Could you output the whole listing exactly as it stands, minus any images?

◆ ◆ ◆ ◆ ◆ ◆ ◆

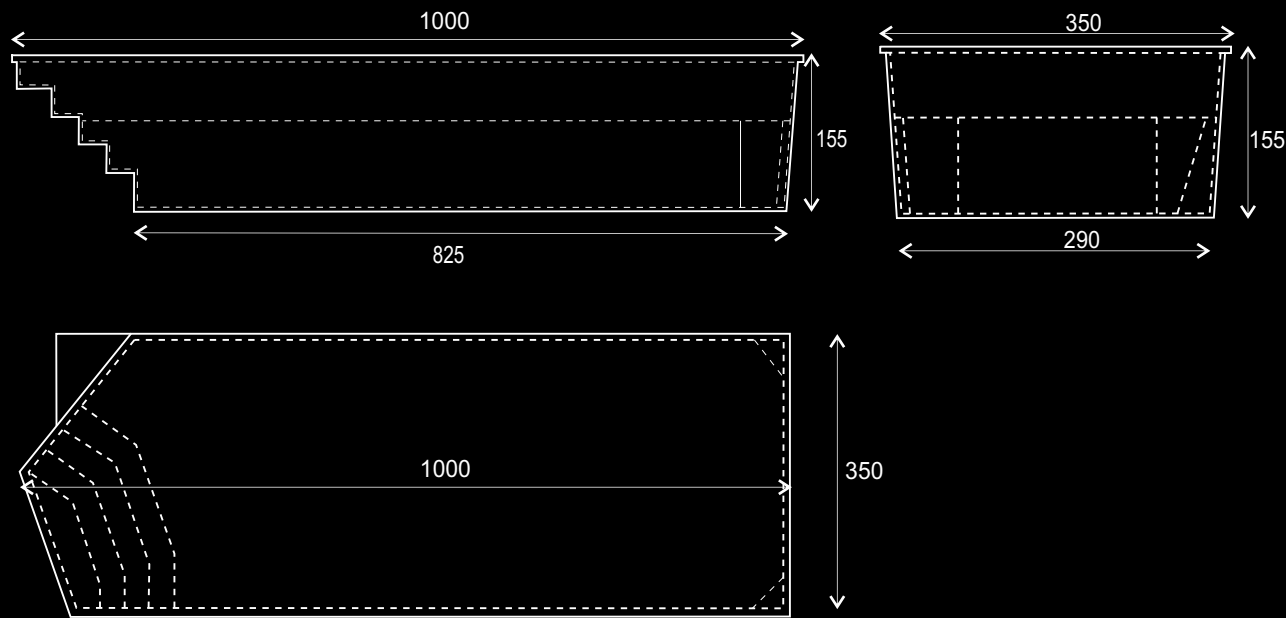

# Pool i polyester 11m Med indbygget trapper

STOCKHOLM

11,25 x 3,75 x 1,5m

# OSLO måltegning

# Pool i polyester 10m Med indbygget trappe

OSLO

10 x 3,5 x 1,55m
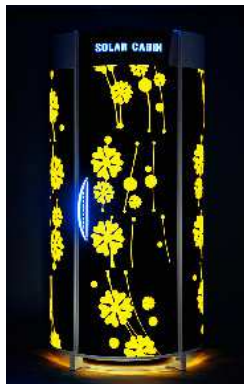

Solar Cabin iTan Vibro ÚJ!!!

1.290.000+áfa

A VIBRO-TALP ALAPFELSZERELTSÉG AZ iTan Típusoknál!

- 58 DB NAGYTELJESÍTMÉNYŰ 160W-180 W-OS EXTRA HOSSZÚ (190-200 CM-ES) CSŐ
 - BELSŐ PLEXI BURKOLAT
 - MŰANYAG OLDALBURKOLAT DEKORÁLVA DINAMIKUS HÁTTÉRVILÁGÍTÁSSAL
 - VIBRÁCIÓS TALP KÜLÖN DIGITÁLIS VEZÉRLÉSSEL, VAGY ROZSDAMENTES ACÉL SZÍNŰ TALP GRAVÍROZOTT KIVEHETŐ PLEXITÁLPAL ÉS DEKOR VILÁGÍTÁSSAL
 - GRAVÍROZOTT PLEXI KÜLSŐ FOGANTYÚ DEKOR VILÁGÍTÁSSAL
 - MÁRKANÉV ROZSDAMENTES ACÉLBŐL DEKOR VILÁGÍTÁSSAL
 - KÜLÖN TESTHŰTŐ LÉGBESZÍVÓ RENDSZER
 - START/STOP GOMBOŚ, DIGITÁLIS IDŐ KIJELZŐ
 - ELLIPSZIS ALAPÚ SZOLÁRIUMKABIN
 - DIGITÁLIS VEZÉRLÉS AZ ÁRBAN
 - ALAPSZÍN ÉS DEKORÁCIÓ EGYÉNI KÍVÁNSÁG SZERINT
 - BEÉPÍTETT HANGSZÓRÓK
-
- FELŰL ELHELYEZETT NAGYTELJESÍTMÉNYŰ VENTILÁTOR
 - GÉGECSÖVES LÉGELVEZETÉSI LEHETŐSÉG
 - AROMA VAGY AROMA + BREEZE OPCIÓS LEHETŐSÉG
 - ELEKTRONIKUS ELŐTÉTTEL SZERELT VÁLTOZATBAN IS
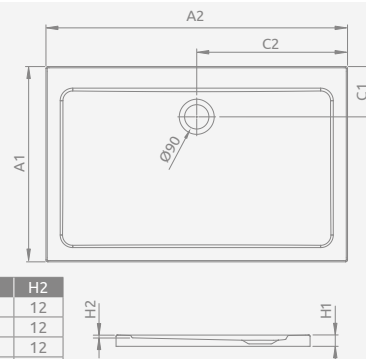

Model	Nr artykułu	Cena brutto
DOROS PLUS D 90×80	SDRPD9080-01	1 022
DOROS PLUS D 100×80	SDRPD1080-01	1 059
DOROS PLUS D 100×90	SDRPD1090-01	1 097
DOROS PLUS D 110×80	SDRPD1180-01	1 097
DOROS PLUS D 110×90	SDRPD1190-01	1 184
DOROS PLUS D 120×80	SDRPD1280-01	1 184
DOROS PLUS D 120×90	SDRPD1290-01	1 259
DOROS PLUS D 120×100	SDRPD1210-01	1 361
DOROS PLUS D 130×90	SDRPD1390-01	1 361

DOROS PLUS D

Do montażu bezpośrednio na podłodze, otwór na syfon $\varnothing 90$ mm, zalecane syfony TB90, TB21, TBXS, R500, R580, R510, 690 P, R400 SLIM, R400W SLIM.

DOROS PLUS D	A1	A2	C1	C2	H1	H2
90×80	800	900	205	450	40	12
100×80	800	1000	205	500	40	12
100×90	900	1000	205	500	40	12
110×80	800	1100	205	550	40	12
110×90	900	1100	205	550	40	12
120×80	800	1200	205	600	40	12
120×90	900	1200	205	600	40	12
120×100	1000	1200	205	600	45	12
130×90	900	1300	205	650	45	12

DOROS D Compact

Zintegrowana obudowa (z czterech stron) nóżki w komplecie, otwór na syfon $\varnothing 90$ mm, nóżki w komplecie, zalecane syfony TB90, TB21, TBXS, R500, R580, R510, R400 SLIM, R400W SLIM.

Model	Nr artykułu					
	Biły	Cena brutto	Stone biały	Cena brutto	Stone antracytowy	Cena brutto
DOROS D Compact 90×80	SDRD9080-05	807	SDRD9080-05-04S	888	SDRD9080-05-64S	888
DOROS D Compact 100×80	SDRD1080-05	845	SDRD1080-05-04S	930	SDRD1080-05-64S	930
DOROS D Compact 100×90	SDRD1090-05	882	SDRD1090-05-04S	971	SDRD1090-05-64S	971
DOROS D Compact 110×80	SDRD1180-05	882	SDRD1180-05-04S	971	SDRD1180-05-64S	971
DOROS D Compact 110×90	SDRD1190-05	932	SDRD1190-05-04S	1 026	SDRD1190-05-64S	1 026
DOROS D Compact 120×80	SDRD1280-05	932	SDRD1280-05-04S	1 026	SDRD1280-05-64S	1 026
DOROS D Compact 120×90	SDRD1290-05	1 008	SDRD1290-05-04S	1 109	SDRD1290-05-64S	1 109
DOROS D Compact 120×100	SDRD1210-05	1 109	SDRD1210-05-04S	1 220	SDRD1210-05-64S	1 220
DOROS D Compact 130×90	SDRD1390-05	1 109	SDRD1390-05-04S	1 220	SDRD1390-05-64S	1 220

◆ ◆ ◆ ◆ ◆ ◆ ◆

§ EXERCISE ANSWER:
# Pool i polyester 11m Med indbygget trapper

STOCKHOLM

11,25 x 3,75 x 1,5m

# OSLO måltegning

# Pool i polyester 10m Med indbygget trappe

OSLO

10 x 3,5 x 1,55m

Solar Cabin iTan Vibro ÚJ!!!

1.290.000+áfa

A VIBRO-TALP ALAPFELSZERELTSÉG AZ iTan Típusoknál!

- 58 DB NAGYTELJESÍTMÉNYŰ 160W-180 W-OS EXTRA HOSSZÚ (190-200 CM-ES) CSŐ
 - BELSŐ PLEXI BURKOLAT
 - MŰANYAG OLDALBURKOLAT DEKORÁLVA DINAMIKUS HÁTTÉRVILÁGÍTÁSSAL
 - VIBRÁCIÓS TALP KÜLÖN DIGITÁLIS VEZÉRLÉSSEL, VAGY ROZSDAMENTES ACÉL SZÍNŰ TALP GRAVÍROZOTT KIVEHETŐ PLEXITÁLPAL ÉS DEKOR VILÁGÍTÁSSAL
 - GRAVÍROZOTT PLEXI KÜLSŐ FOGANTYÚ DEKOR VILÁGÍTÁSSAL
 - MÁRKANÉV ROZSDAMENTES ACÉLBŐL DEKOR VILÁGÍTÁSSAL
 - KÜLÖN TESTHŰTŐ LÉGBESZÍVÓ RENDSZER
 - START/STOP GOMBOŚ, DIGITÁLIS IDŐ KIJELZŐ
 - ELLIPSZIS ALAPÚ SZOLÁRIUMKABIN
 - DIGITÁLIS VEZÉRLÉS AZ ÁRBAN
 - ALAPSZÍN ÉS DEKORÁCIÓ EGYÉNI KÍVÁNSÁG SZERINT
 - BEÉPÍTETT HANGSZÓRÓK
-
- FELŰL ELHELYEZETT NAGYTELJESÍTMÉNYŰ VENTILÁTOR
 - GÉGECSÖVES LÉGELVEZETÉSI LEHETŐSÉG
 - AROMA VAGY AROMA + BREEZE OPCIÓS LEHETŐSÉG
 - ELEKTRONIKUS ELŐTÉTTEL SZERELT VÁLTOZATBAN IS

Model	Nr artykułu	Cena brutto
DOROS PLUS D 90×80	SDRPD9080-01	1 022
DOROS PLUS D 100×80	SDRPD1080-01	1 059
DOROS PLUS D 100×90	SDRPD1090-01	1 097
DOROS PLUS D 110×80	SDRPD1180-01	1 097
DOROS PLUS D 110×90	SDRPD1190-01	1 184
DOROS PLUS D 120×80	SDRPD1280-01	1 184
DOROS PLUS D 120×90	SDRPD1290-01	1 259
DOROS PLUS D 120×100	SDRPD1210-01	1 361
DOROS PLUS D 130×90	SDRPD1390-01	1 361

DOROS PLUS D

Do montażu bezpośrednio na podłodze, otwór na syfon $\varnothing 90$ mm, zalecane syfony TB90, TB21, TBXS, R500, R580, R510, 690 P, R400 SLIM, R400W SLIM.

DOROS PLUS D	A1	A2	C1	C2	H1	H2
90×80	800	900	205	450	40	12
100×80	800	1000	205	500	40	12
100×90	900	1000	205	500	40	12
110×80	800	1100	205	550	40	12
110×90	900	1100	205	550	40	12
120×80	800	1200	205	600	40	12
120×90	900	1200	205	600	40	12
120×100	1000	1200	205	600	45	12
130×90	900	1300	205	650	45	12

DOROS D Compact

Zintegrowana obudowa (z czterech stron) nóżki w komplecie, otwór na syfon $\varnothing 90$ mm, nóżki w komplecie, zalecane syfony TB90, TB21, TBXS, R500, R580, R510, R400 SLIM, R400W SLIM.

Model	Nr artykułu					
	Biły	Cena brutto	Stone biały	Cena brutto	Stone antracytowy	Cena brutto
DOROS D Compact 90×80	SDRD9080-05	807	SDRD9080-05-04S	888	SDRD9080-05-64S	888
DOROS D Compact 100×80	SDRD1080-05	845	SDRD1080-05-04S	930	SDRD1080-05-64S	930
DOROS D Compact 100×90	SDRD1090-05	882	SDRD1090-05-04S	971	SDRD1090-05-64S	971
DOROS D Compact 110×80	SDRD1180-05	882	SDRD1180-05-04S	971	SDRD1180-05-64S	971
DOROS D Compact 110×90	SDRD1190-05	932	SDRD1190-05-04S	1 026	SDRD1190-05-64S	1 026
DOROS D Compact 120×80	SDRD1280-05	932	SDRD1280-05-04S	1 026	SDRD1280-05-64S	1 026
DOROS D Compact 120×90	SDRD1290-05	1 008	SDRD1290-05-04S	1 109	SDRD1290-05-64S	1 109
DOROS D Compact 120×100	SDRD1210-05	1 109	SDRD1210-05-04S	1 220	SDRD1210-05-64S	1 220
DOROS D Compact 130×90	SDRD1390-05	1 109	SDRD1390-05-04S	1 220	SDRD1390-05-64S	1 220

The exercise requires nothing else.